F2 Received in exchange for 447,858 Series B Preferred shares of AnHeart in connection with the Merger (as described in footnote 1) on April 9, 2024.
F3 These securities are owned directly by Decheng Capital China Life Sciences USD Fund III, L.P. ("Fund III"). The Reporting Person is the manager of Decheng Capital Management III (Cayman), LLC, the general partner of Fund III. The Reporting Person disclaims beneficial ownership of these securities, except to the extent of his pecuniary interest therein.
F4 Received in exchange for 2,388,578 Series B Preferred shares of AnHeart in connection with the Merger (as described in footnote 1) on April 9, 2024.
F5 These securities are owned directly by Decheng Capital Global Healthcare Fund (Master), LP ("Healthcare"). The Reporting Person is the indirect managing member and ultimate beneficial owner of Decheng Capital Global Healthcare GP, LLC, the general partner of Healthcare.
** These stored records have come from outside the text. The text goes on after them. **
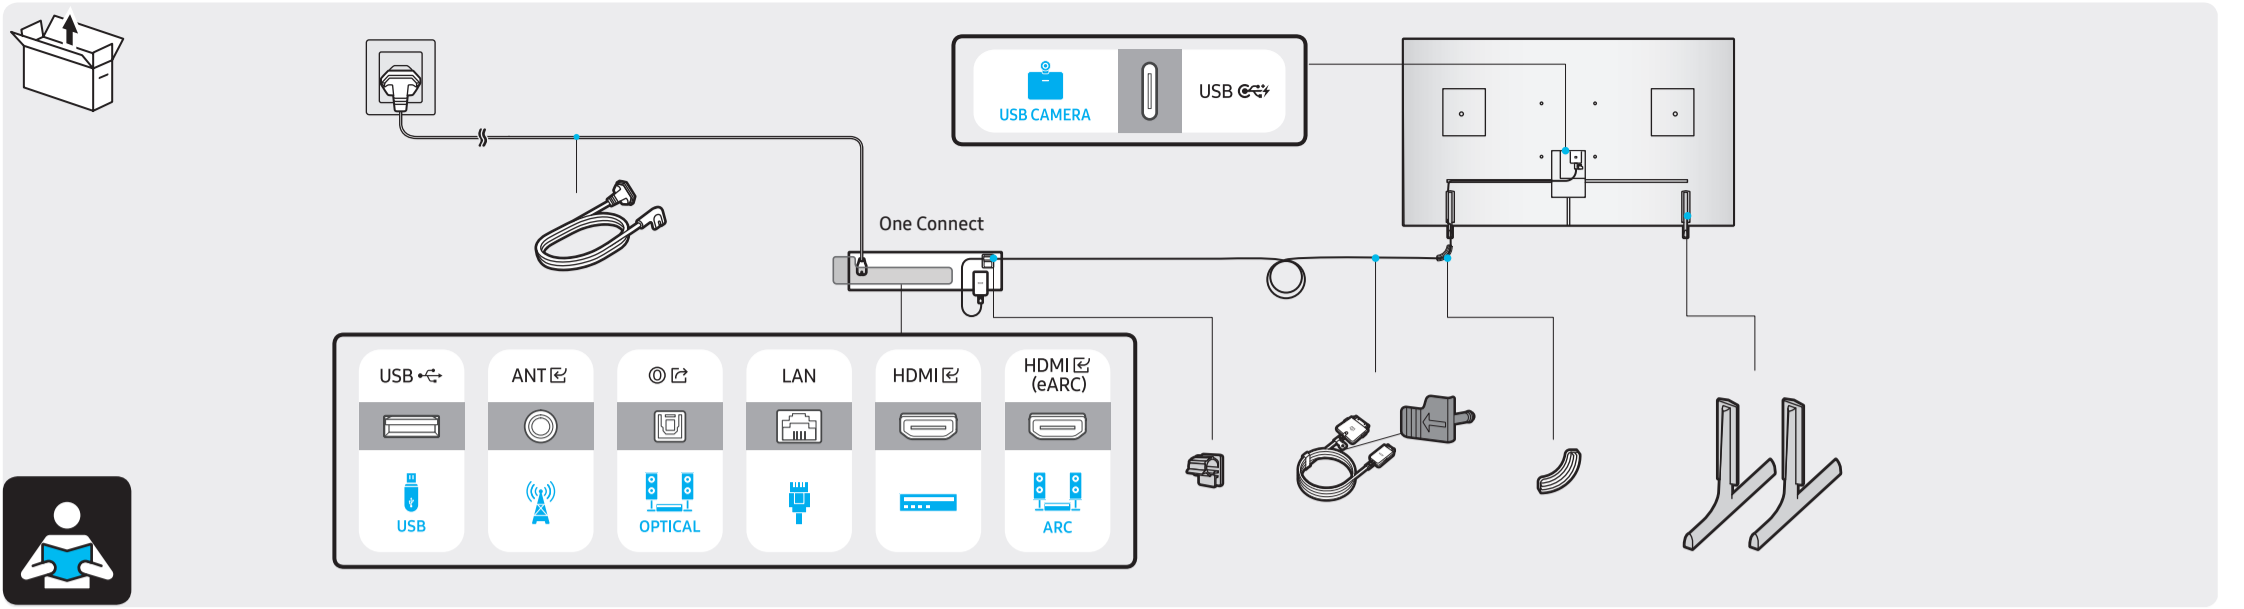

	VESA A x B (mm)	C (mm)	D x 4
55LS03B 55LSB03	200 x 200	10-12	M8
65LS03B 65LSB03	400 x 300		

SAMSUNG

QUICK SETUP GUIDE
GUIDE D'INSTALLATION RAPIDE
GUÍA RÁPIDA DE CONFIGURACIÓN
GUIA RÁPIDO DE INSTALAÇÃO
KURZANLEITUNG ZUR KONFIGURATION
GUIDA DI INSTALLAZIONE RAPIDA

BN68-13846B-01

55"

65"

2

0.98 inches (25 mm) (2.5 cm)

2-1

2-2

2-1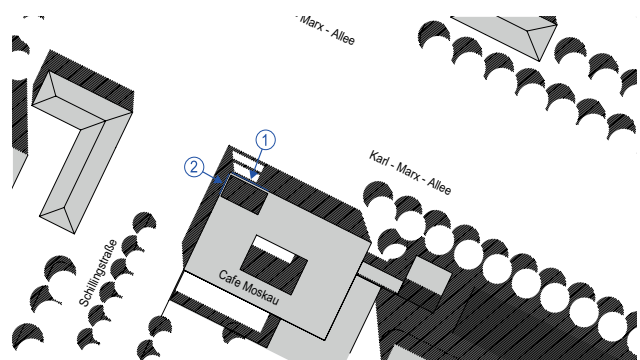

## BANNERVARIANTEN

### BANNERVARIANTE 1

Karl-Marx-Allee  
Breite: 12,55 m, Höhe: 3,45 m  
Gesamtfläche: 44 m<sup>2</sup>

### BANNERVARIANTE 2

Schillingstraße  
Breite: 6,48 m, Höhe: 3,45 m  
Gesamtfläche: 23 m<sup>2</sup>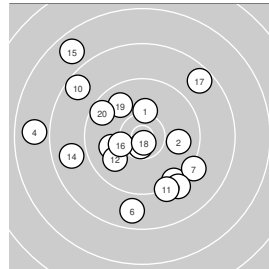

ISSF 3p Men Jun – Wertung Junioren I männl.

StandNr: 4

BOSSE, Max Odin #723

StartNr: 722

21. März 2024 12:10

LV WESTFALEN

Ergebnis: **544** 179 Serien: 87 92
 188 93 95
 177 88 89
 Zähler: 19 31 6 3 1 0 Innenzehner: 9

Kneeling

Prone

Standing

Serie: 1 10.1 ↗ 8.1 ↘ 9.0 ↗ 7.7 ↖ 9.2 ↖ 10.1 ↘ 10.4 * 9.1 ↘ 9.0 ↗ 6.7 ↘
 Serie: 2 8.1 ↘ 9.3 ↘ 10.8 * 9.4 ↗ 9.9 ↗ 10.3 ↓ 10.1 ↖ 9.9 ↗ 9.7 ↑ 9.9 ↘

Serie: 1 10.4 * 10.1 ↖ 10.3 * 9.9 ↘ 9.9 ↖ 9.2 → 9.7 ↗ 9.1 ↗ 9.4 ↗ 9.7 →
 Serie: 2 10.1 ↖ 9.8 ↖ 9.5 ↖ 9.8 ↓ 9.6 ↘ 9.9 ↖ 10.2 ↖ 10.2 ↘ 10.4 * 10.8 *

Serie: 1 10.2 ↑ 9.9 → 9.4 ↘ 7.9 ↖ 9.4 ↘ 8.8 ↓ 9.2 ↘ 10.0 ↖ 9.2 ↘ 8.6 ↖
 Serie: 2 9.3 ↘ 9.9 ↖ 10.7 * 8.9 ↖ 7.8 ↘ 10.3 * 8.7 ↗ 10.8 * 9.9 ↘ 9.6 ↖

The Reporting Person disclaims beneficial ownership of these securities, except to the extent of his pecuniary interest therein.
F6 Received in exchange for 7,200,000 Series A Preferred shares, 685,714 Series A+ Preferred shares and 487,231 Series B Preferred shares of AnHeart in connection with the Merger (as described in footnote 1) on April 9, 2024.
F7 These securities are owned directly by Decheng Anbio Limited ("SPV"). The Reporting Person is a director of SPV. The Reporting Person disclaims beneficial ownership of these securities, except to the extent of his pecuniary interest therein.